The peripheral fixed-contact member 180 is an example of a “second fixed-contact member”. The peripheral fixed-contact member 180 includes a pair of peripheral fixed contacts 181 in a front-rear direction (the X-axis direction) at the right (the Y-axis positive side) end and a second external-connection terminal 182 at the left (the Y-axis negative side) end. The pair of peripheral fixed contacts 181 are arranged on the peripheral portion 160Cb of the bottom portion 160C of the housing 160. The second external-connection terminal 182 is provided being exposed from a left-side (the Y-axis negative side) surface of the housing 160 and is connected to the outside. Other portions of the peripheral fixed-contact member 180 (except the peripheral fixed contacts 181 and the second external-connection terminal 182) are embedded in the housing 160.

Metal Contact 130

The metal contact 130 is an example of a “movable contact member”. The metal contact 130 is a dome-shaped member including a top portion 131 at the center and protruding upward (in the Z-axis positive direction). The metal contact 130 is formed by using one or more thin metal plates.

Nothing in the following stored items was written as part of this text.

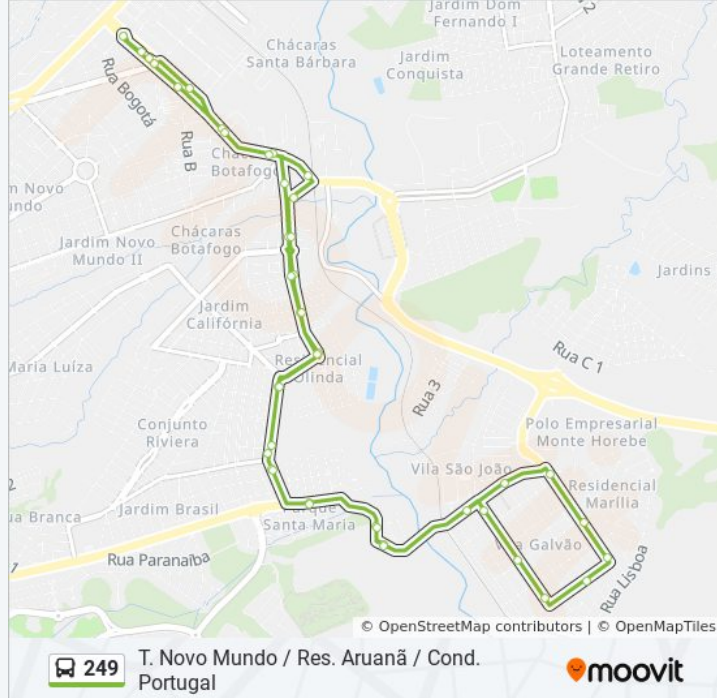

Rua Blandina Garcia Rosa

Avenida Acary Passos

Avenida Acary Passos

Avenida Acary Passos

Avenida Acary Passos

Rua Rio Das Garças

Rua Rio Das Garças

Rua Rio Das Garças

Avenida Das Gameleiras

Avenida Das Gameleiras

Rua Joaquim Nicolau

Av. Sussupara

Av. Sussupara

Av. Sussupara

Av. Rio De Janeiro

Av. Rio De Janeiro

Avenida Das Gameleiras

Avenida Das Gameleiras

Rua Rio Das Garças

Rua Rio Das Garças

Rua Rio Das Garças

Avenida Acary Passos

Avenida Acary Passos

Avenida Acary Passos

Avenida Acary Passos

Rua José Monteiro Da Costa

Avenida Buenos Aires

Avenida Buenos Aires

Avenida Buenos Aires

T. Novo Mundo | Entrada Convencional

T. Novo Mundo | Desembarque Convencional

Os horários e os mapas do itinerário da linha de ônibus 249 estão disponíveis, no formato PDF offline, no site: moovitapp.com. Use o [Moovit App](#) e viaje de transporte público por Goiânia e Região! Com o Moovit você poderá ver os horários em tempo real dos ônibus, trem e metrô, e receber direções passo a passo durante todo o percurso!

In the present embodiment, as an example, the metal contact 130 is formed by stacking two thin metal plates. The metal contact 130 is cased in the casing 160B of the housing 160 and placed on the peripheral portion 160Cb of the bottom portion 160C of the casing 160B. Thus, the metal contact 130 is electrically connected to the peripheral fixed-contact member 180 by contacting the peripheral fixed contacts 181 provided on the peripheral portion 160Cb. The metal contact 130 is a so-called “invertible spring”, and when pressing is performed by the presser 120, the top portion 131 is pressed downward by the presser 120, and when a predetermined operation load is exceeded, the top portion 131 rapidly and elastically deforms to be a recessed shape (becomes inverted). Thus, the metal contact 130 is electrically connected to the central fixed-contact member 170 by contacting the central fixed contact 171 with a back side of the top portion 131. When the metal contact 130 is released from a pressing force of the presser 120, it returns to have an original dome shape by its elastic force. In the present embodiment, the metal

contact 130 includes four legs 132 projecting in four directions different from each other in a plan view from above by cutting a part of a circular dome-shaped metal plate in a plan view from above. In the present embodiment, all of the four legs 132 of the metal contact 130 are placed on the peripheral portion 160Cb of the housing 160, and two of the legs 132 contact the peripheral fixed contacts 181.

Presser 120

The presser 120 is a member disposed on the top portion 131 of the metal contact 130 and in a space on the back side of the protrusion 111 of the insulator 110. The presser 120 has a circular shape in a plan view from above and a three-dimensional shape projecting upward from the top portion 131 of the metal contact 130. The presser 120 is formed by using a resin material such as PET. The presser 120 includes a curved upper surface along the protrusion 111 of the insulator 110, and the upper surface is bonded to the back side of the protrusion 111 of the insulator 110 by any adhesive means (for example, laser welding, etc.). In the present embodiment, the presser 120 has a three-dimensional shape such that a hemispherical shape is crushed in the vertical direction (Z-axis direction). However, the present embodiment is not limited to this, and the presser 120 may have a cylindrical shape, an ellipsoid shape, or the like. The presser 120 is not limited to a circular shape in a plan view from above.

Insulator 110

The insulator 110 is a thin sheet member arranged on the upper surface 160A of the housing 160. The insulator 110 is formed of a resin material such as PET. The insulator 110 has substantially the same shape as the upper surface 160A of the housing 160 in a plan view from above, that is, a substantially rectangular shape in which the lateral direction (Y-axis direction) is the longitudinal direction and the front-rear direction (X-axis direction) is the transverse direction. The insulator 110 is bonded to the upper surface 160A of the housing 160 by any adhesive means (for example, laser welding, etc.) while covering the upper surface 160A of the housing 160. The insulator 110 seals the casing 160B by closing an upper opening of the casing 160B of the housing 160. The protrusion 111 protruding upward (Z-axis positive direction) is formed in the center of the insulator 110. As illustrated in FIG. 3, the presser 120 is bonded to the back side of the protrusion 111.

Operation of Switch 100

In the switch 100 according to the embodiment, when no pressing is performed by the presser 120, the metal contact 130 is in contact with the peripheral fixed contacts 181 and not with the central fixed contact 171. Therefore, when no pressing is performed by the presser 120, the switch 100 according to the embodiment is in the OFF state.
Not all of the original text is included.